Conclusions Chatbots are an intriguing tool that can be used to access basic information in a specialized area like audiology. Nevertheless, one needs to be careful, as correct information is not infrequently mixed in with errors that are hard to pick up unless the user is well versed in the field.
1. Introduction
Although the term artificial intelligence (AI) and certain applications of it have been known for many years [1], tools based on it have recently become very popular. A major trigger was the introduction in 2022 of ChatGPT, which was soon made publicly accessible by its developers, OpenAI. ChatGPT stands for Chat Generative Pre-trained Transformer. ChatGPT is a so-called ‘chatbot’ – a conversational, natural language processing (NLP) system of AI based on large language models (LLMs) [2,3]. The intent of the chatbot is to interact with users in a way that resembles a conversation between humans. ChatGPT has generated a lot of interest – 100 million users in 2 months [4]. This has prompted the release of other chatbots such as Google Bard and Microsoft Bing Chat.
ChatGPT, Bing Chat, and Bard share numerous capabilities and can be utilised in similar ways. They are based on the transformer-type model architecture, a concept that has recently revolutionized the AI field [5]. This architecture incorporates a self-attention mechanism, enabling the model to focus on various parts of the input sequence with varying levels of attention. These models are pretrained on extensive datasets and fine-tuned before being made widely available. However, ChatGPT, Bing Chat, and Bard employ different models. ChatGPT utilizes the GPT-3.5 model, trained on information sources up to 2021. Bing Chat uses the GPT-4 model, which is more advanced than GPT-3.5 but belongs to the same line of models developed by OpenAI. Bard employs the PaLM 2 model, developed by Google (PaLM stands for Pathways Language Model). Unlike ChatGPT, both Bing Chat and Bard have access to live data on the Internet. All three systems are still in development and may not be permanently or temporarily available in all countries due to various reasons, such as governmental decisions or software provider policies. For more detailed information, readers are encouraged to review Motlagh et al.’s comprehensive comparison of different chatbots [6]. While there are numerous other chatbots and systems based on similar principles for various purposes (such as graphics), this discussion focuses solely on the aforementioned three.
Enthusiasm for chatbots continues to grow, and their potential in various applications is under discussion. For example, ChatGPT recently achieved a score of 60% on the United States Medical Licensing Examination, giving it a clear pass [7]. Some recent press reports have tried to link the rise in ChatGPT use with the start of the school year [8]. There are cases of researchers publishing texts generated by chatbots as their own [9]. Software has been created with the purpose of identifying not just plagiarism but also text generated by AI [10]. Scientific journals have begun to ask for a declaration that AI was not used in the preparation of a submitted manuscript. So far, the only allowed form of AI use is for correcting text, but in such cases it must be acknowledged.

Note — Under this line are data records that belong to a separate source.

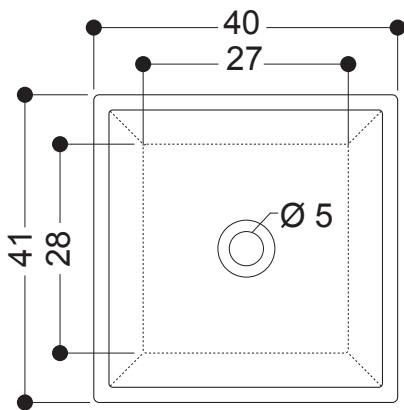

CODICE/CODE: **WS01901F**

MISURE/SIZE: **40x40 H15 CM**

PESO/WEIGHT: **12 KG**

N.B.: Le misure indicate possono subire una variazione dello 0.8 % circa, dovuta ad usura stampi o a piccole variazioni delle caratteristiche tecniche relative alle materie prime che compongono l'impasto.

N.B.: Indicated size could have a variation of about 0,8 % due to the usure of the moulds or the small variations of the raw materials' technical characteristics used in the mixture.

misure scasso sul piano  
sizes of cut on the top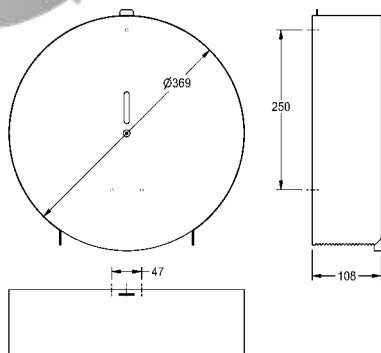

Jumbo toiletrolhouder

Jumbo toiletrolhouder voor wandopbouw, van roestvrij staal, oppervlak zijdemat, materiaaldikte 0,9 mm, gesloten behuizing met kijkvenster, papierafgifte met 2 afscheurranden, vergrendeling met inbusschroef, voor 1 grote rol van max. 350 mm diameter, inclusief roestvrijstalen schroeven en pluggen.

Afmetingen 369 x 369 x 108 mm (B x H x D)

CHR670 2000057141 **124,00** A2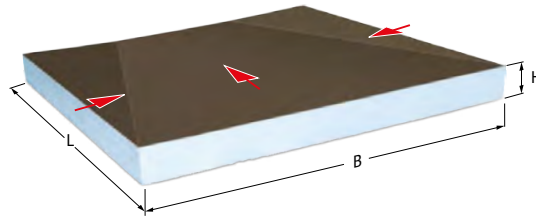

Gefällekeil als Duschboard

Ausführung:
Mit integriertem
3-seitigem Gefälle

Gefälle links in %	Gefälle Mitte in %	Gefälle rechts in %	Art.-Nr.	Stück Ka./Pa.	PG
Gefällekeil 900×900×80 mm (L×B×H)					
2,4	0,8	2,4	48 051	1/-	1
Gefällekeil 1200×1200×85 mm (L×B×H)					
3,7	1,1	3,7	48 052	1/-	1

Trockenbauplatte für Ständerwerk

Inklusive:
Montagekleber

Höhe×Breite in mm	Art.-Nr.	Stück Ka./Pa.	PG
300×623	48 063	1/-	1

Dichtungsset für Boardelemente

Ausführung:
• Kleber
• Dichtungsbänder

Art.-Nr.	Stück Ka./Pa.	PG
48 062	1/-	1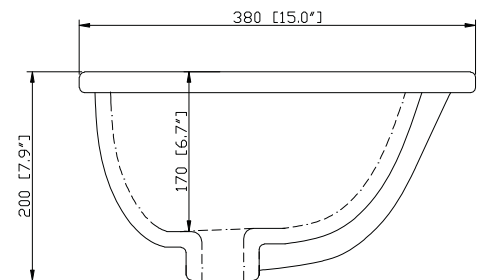

## Nominal Dimension

- 24W x 21D x 34H (inches)

### Nominal Dimension

- 25W x 22D x 1H inches
- 635 x 560 x 25 mm

- WT - White
- LN - Linen

**Nominal Dimension**

- 18.1W x 15D x 7.9H inches
- 458 x 380 x 200 mm

**Components**

<b>Drain</b>	VC-DRAIN-CP	VC-DRAIN-BN					
<b>Vanity Top</b>	SUT25BK	SUT25CW	SUT25GB	SUT31BK	SUT31CW	SUT31GB	SUT37BK
	SUT37GB	SUT49BK	SUT49CW	SUT49GB	SUT37CW	SUT61BK	SUT61CW
	SUT61GB	SUT73BK	SUT73CW	SUT73GB			

**Product Diagrams**

Front

Side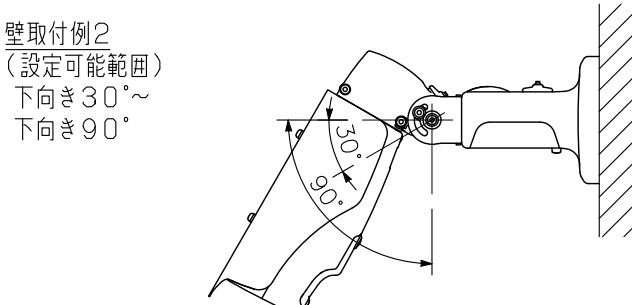

■ 取付例

単位: mm 縮尺: 1/5

※ ( ) 内は参考寸法値です。

Regardless of the controversy, the fact is that people are already using chatbots. So aside from discussion about the usefulness, dangers, rules, and ethical boundaries, it would be useful to evaluate the performance of chatbots on various tasks. Unfortunately, most papers just seem to discuss the problem. There appear to be only a relatively small group of studies that have endeavored to evaluate the actual performance of chatbots or compare their answers. For example, when searching PubMed with the query (chatgpt[Title]) we received 1108 hits for the year 2023 (search made 06.10.23). However, when searching for (chatgpt[Title]) AND ((performance[Title]) OR (evaluation[Title]) OR (comparison[Title])) we received just 102 hits. This rapid comparison shows the large imbalance between papers that actually try to evaluate chatbots with others that just present personal reviews or opinions. It is our perspective that scientists ought to cease discussion on the matter and engage in substantive empirical testing.
Confining our attention to educational uses, a quick review made 3 months after the release of ChatGPT [11] indicated that its performance depends on the particular topic. There are reports of outstanding performance in areas such as economics [12] and programming [13], whereas its results in mathematics are typically unsatisfactory [14]. In the case of medicine, there are reports of chatbots achieving good results for questions related to cardiology [15] and psychiatry [16].
In audiology, chatbots could potentially be used by patients, students, clinicians and researchers [17]. Swanepoel and colleagues identified possible applications as well as risks, and gave some examples by different groups of users. For example, they suggest that audiological patients could use chatbots for initial screening and recommendation of interventions, education and support, reminders and follow-up communications, or teleaudiology services. Presently, there seem to be no other literature on chatbots in audiology although there are already some in the closely related field of otolargyngology. For example, there is one study investigating the usefulness of ChatGPT as a source of patient information [18], and another that investigated the possibility, for educational purposes, of using ChatGPT to generate examples of dialogues between patient and otolaryngologist [19].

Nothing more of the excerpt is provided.